I moved a small oak sapling to an indoor pot last year and intend to keep it as a bonsai project, the tree seems generally healthy and had one growth this season allready (it didnt lose all its leaves in winter though) (as you can see in the picture). I allready repotted it from a smaller container once and removed some of the roots and the main root when doing that (in hindsight I am not sure that was the best thing to do).

I am wondering if i can do something to make it branch out, as the tree is currently just growing vertically. Any care tips are also very welcome!

Thanks a lot, Thomas

the oak is currently about 35cm ((14inch) and is on a southwest facing windowsill

2 Answers 2


Bonsai projects are great! I have many running at the moment too. Also some oak, but mine are branching already... I see a few problems here. First of all, this tree (plant) needs to grow outdoors, not indoors.
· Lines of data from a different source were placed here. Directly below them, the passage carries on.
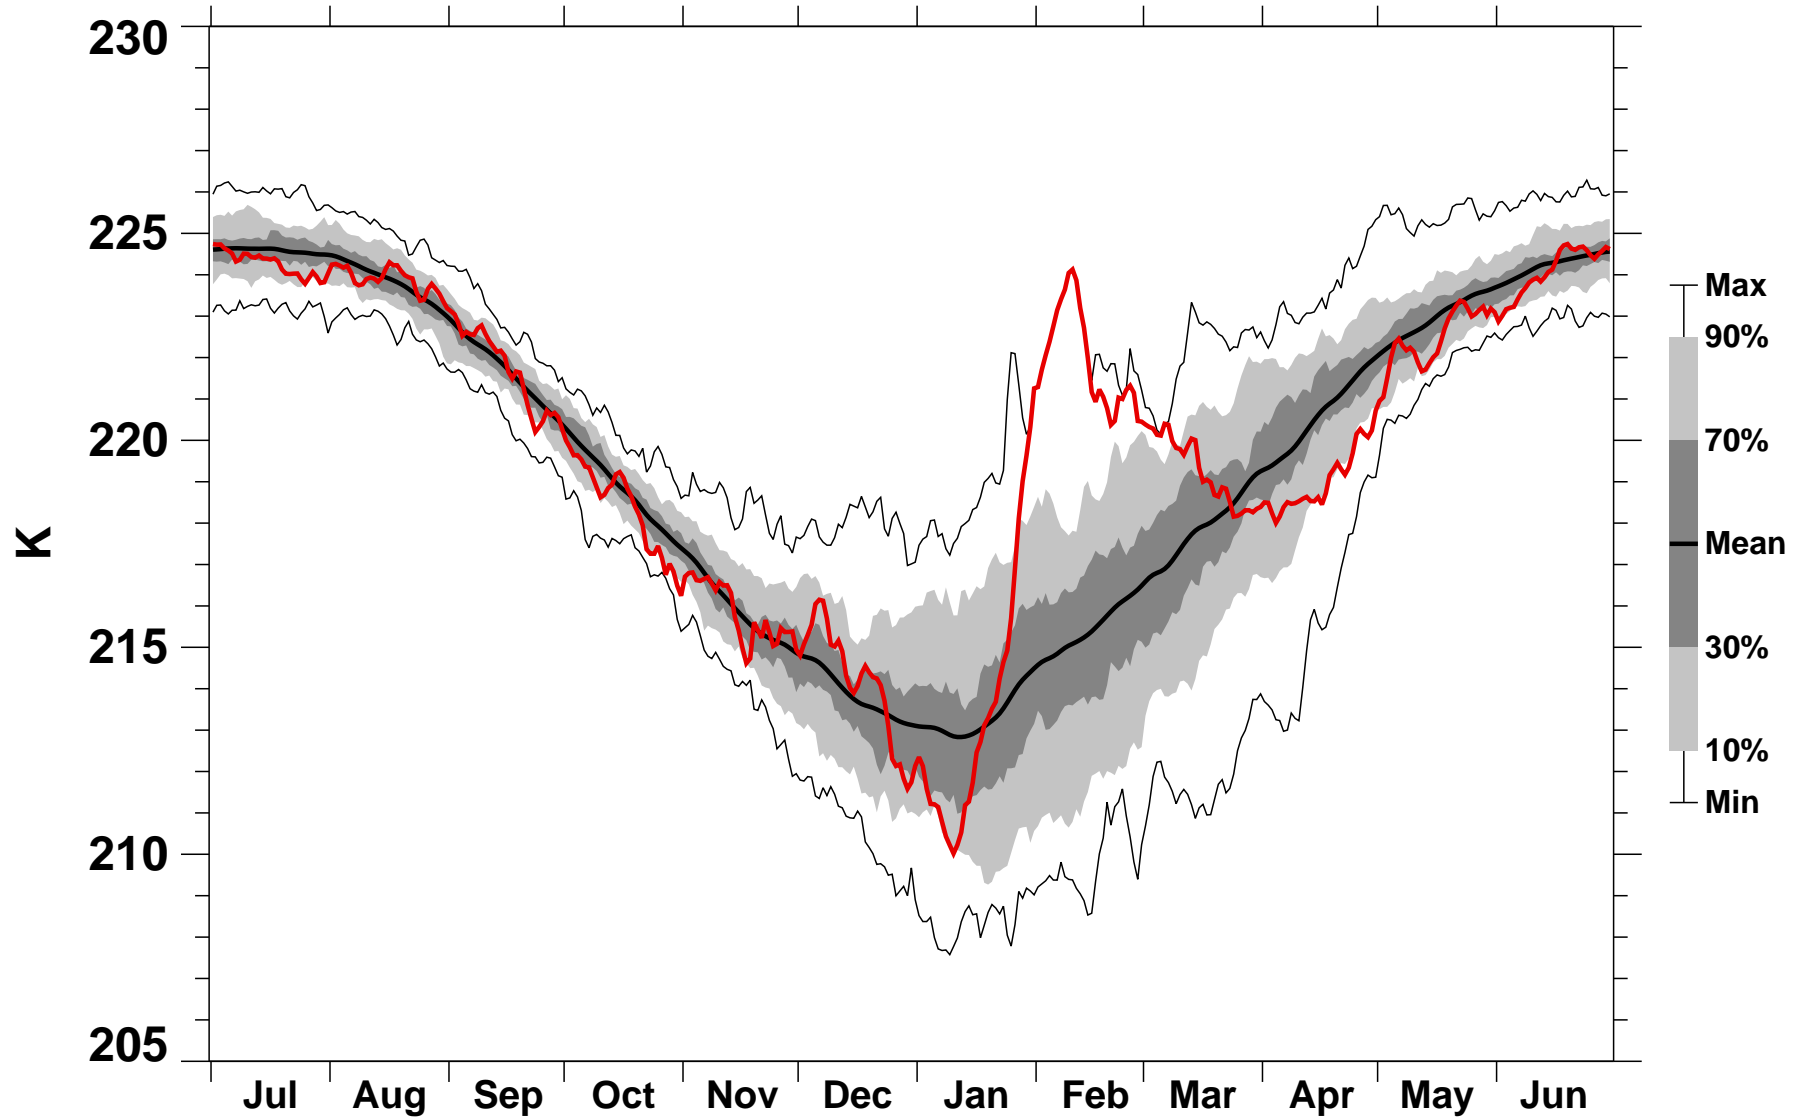

55-75°N Zonal Mean Temperature 100 hPa MERRA2

1978/1979-2022/2023

2008/2009
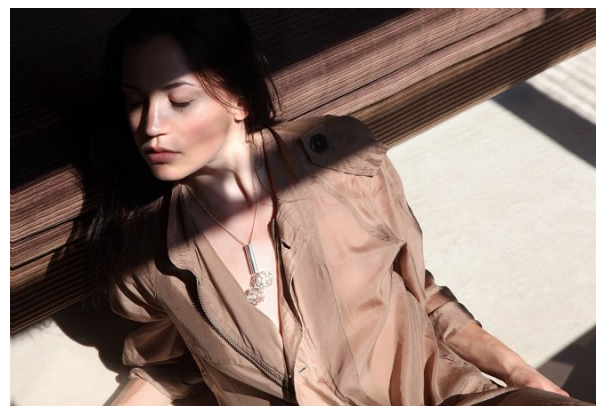

www.stellamodels.com

—
STELLA
MODELS
×

Image

HEIGHT	BUST	DRESS	WAIST	HIPS	SHOES	HAIR	EYES
176	83	36	62	91	39	DARK BROWN	BROWN
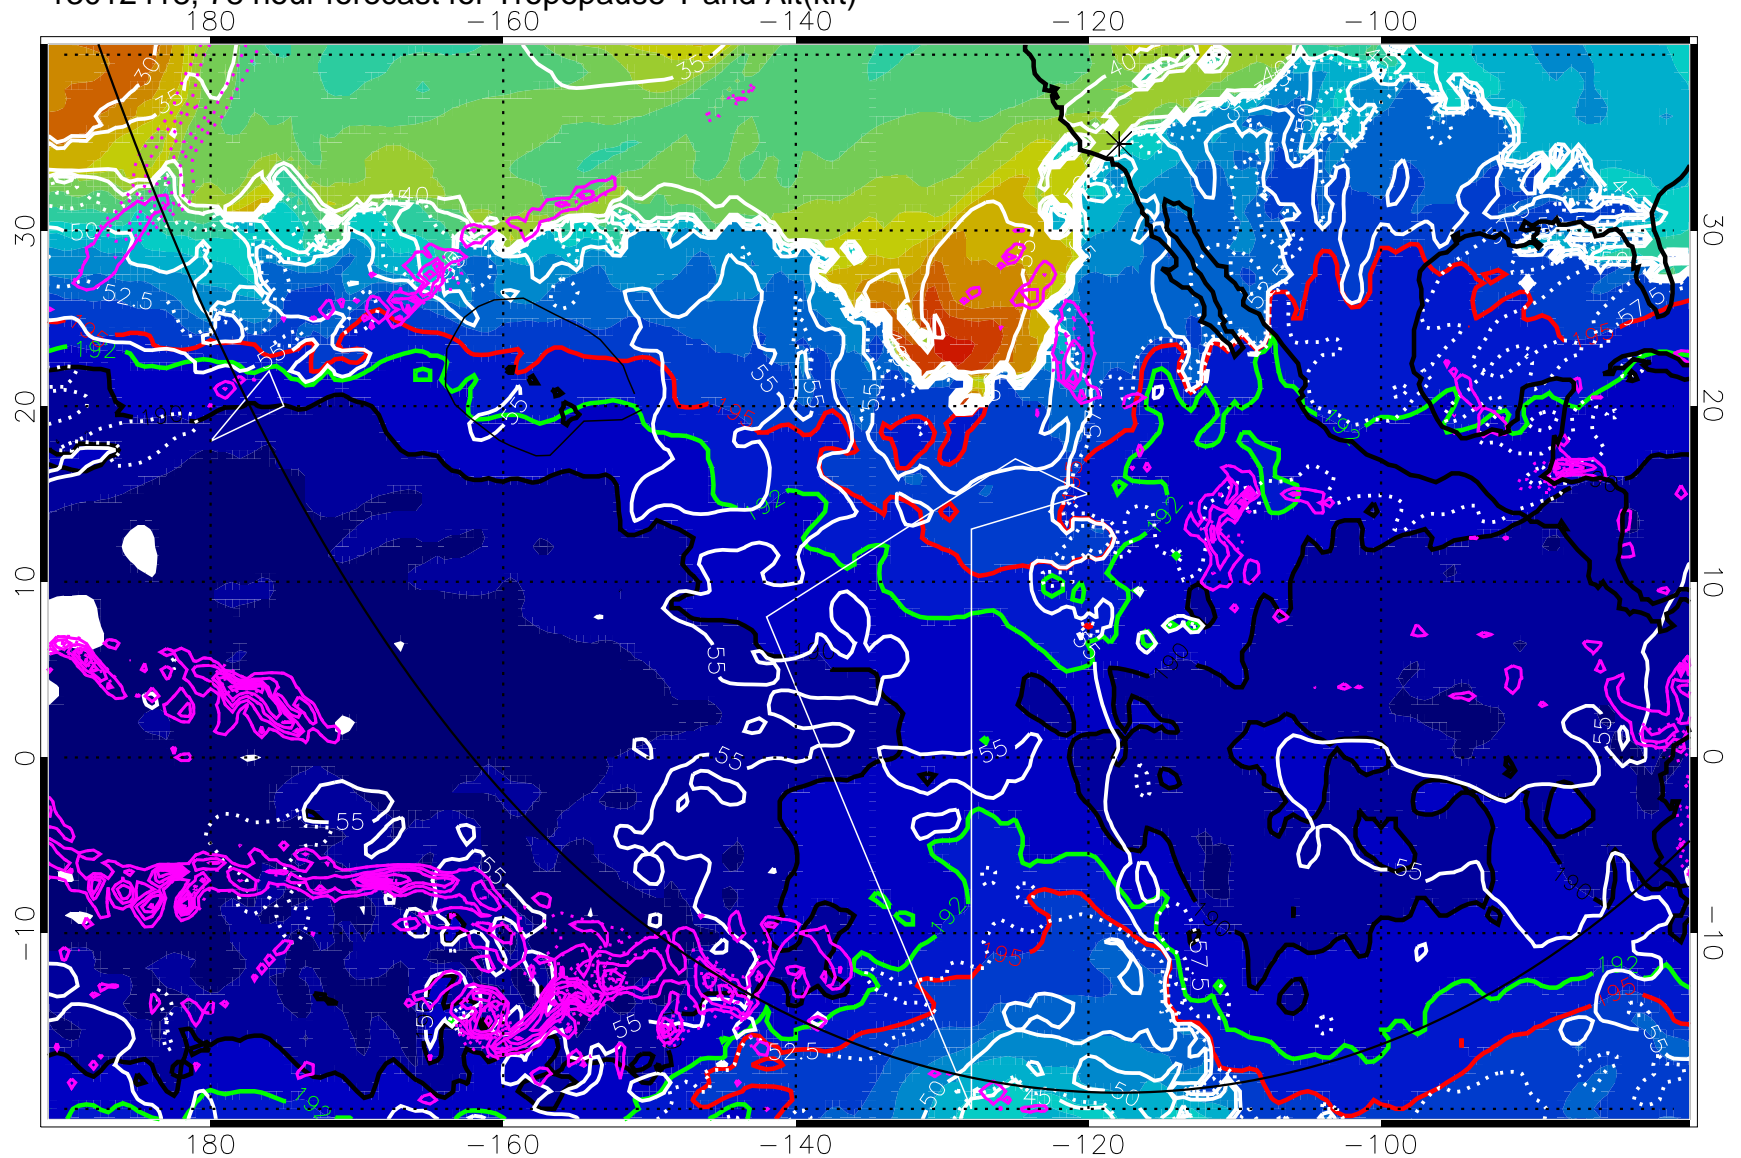

13012418, 78 hour forecast for Tropopause T and Alt(kft)

190 200 210 220 230

Tropopause T, K

Tropopause Altitude in kft (white)

Precip (tot dot, conv sol) past 6 hrs 6 kg/m² contours, min 4

190K Isotherm (whit) 192.5K Isotherm 195K Isotherm

→ 30 m/s

Range ring of 6000 km -- 19 hours GH round trip
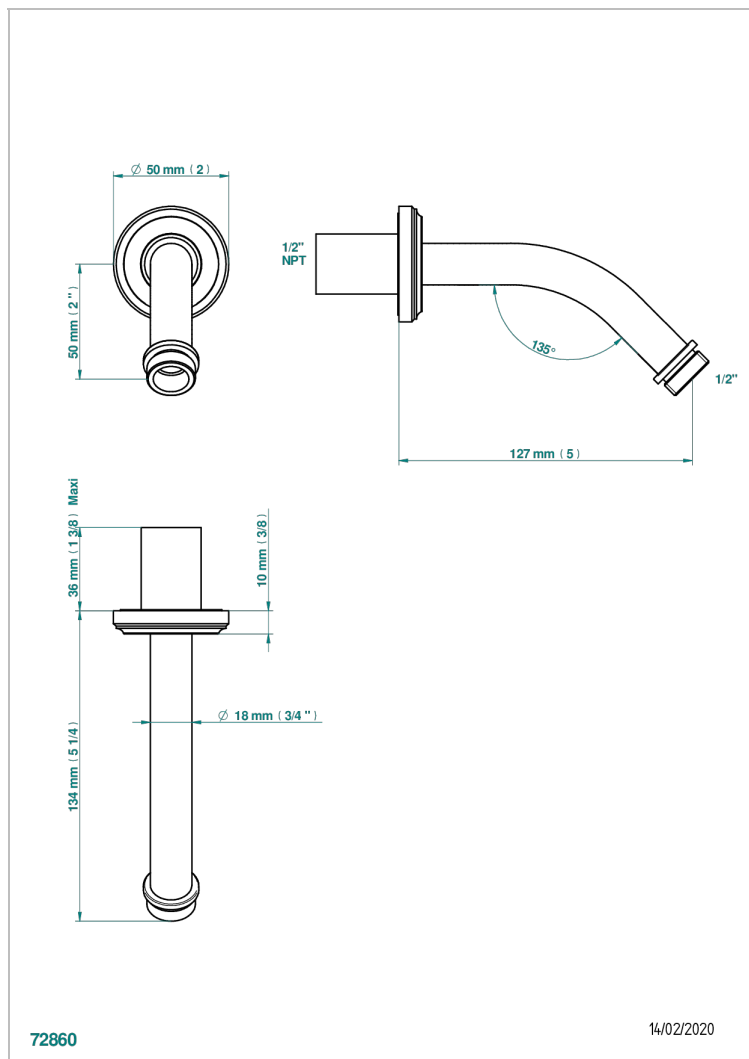

# CORVAIR WITH LEVER HANDLES

U8E-82/US

Horizontal shower arm, 45°, lg: 4" 3/4

THG<sup>®</sup>  
PARIS

## CHARACTERISTIC

- Corvoir with lever handles
- Horizontal shower arm, 45°, lg: 4" 3/4
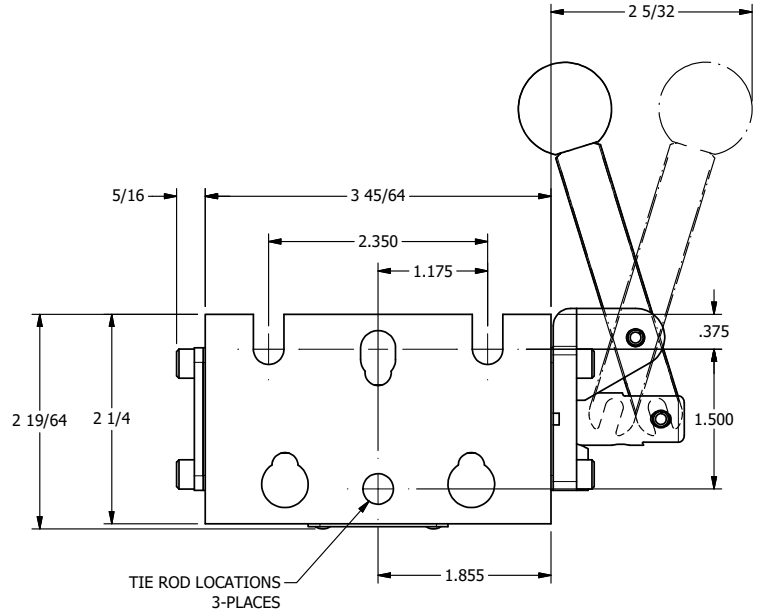

4

3

2

1

3/8" NPTF PORTS  
2-PLACES

TIE ROD LOCATIONS  
3-PLACES

PORTS  
3-PLACES

**AAA**  
PRODUCTS  
INTERNATIONAL  
7114 Harry Hines Blvd  
Dallas, TX 75235

TITLE: 3/8" STACK, LEVER, 2 POS,  
DETENT, LVR RTRN, RED KNOB,  
180D LVR

DRAWING NO.:  
DIM\_BHD3JQT

THE INFORMATION CONTAINED WITHIN THIS DOCUMENT IS PROPRIETARY TO AAA PRODUCTS AND MAY NOT BE DISCLOSED WITHOUT PRIOR WRITTEN CONSENT

It needs sun, rain, and wind, but most important cold winters as well. It needs to lose its leaves in winter. Branching occurs very often in spring right after winter. So my advice is to give it its natural environment back, put and keep it outdoors. But let it slowly adjust (acclimate) to full sunlight first, by giving it a little bit more sunlight each day.

Second advice, is to let the tree first grow bigger and bigger (without the root trimming). It takes about 7 years before the stem is thick enough for bonsai. Then after these 7 years, you shape it and put it in a real bonsai container.

Good luck with your project!


Good advice from @benn.

The #1 killer of bonsais is having them indoors. The danger of outdoor bonsais is letting them go dry. This can happen in the summer (duh!) but also in the winter if there is a strong wind and freezing temperatures. The wind dries the foliage, but the soil is frozen so the tree can't replace the water.

This may not be a good specimen to put your effort into because of the lack of lower branches. There is a lot you can do to modify a bonsai, but you can't make them sprout new lower branches. New lower branches can be done with grafting, but that's a whole new challenge. When I chose a new bonsai project, it almost wholely on the basis of lower limb architecture because you are stuck with that. Traditional esthetics put value on branches which alternate side-to-side up the trunk.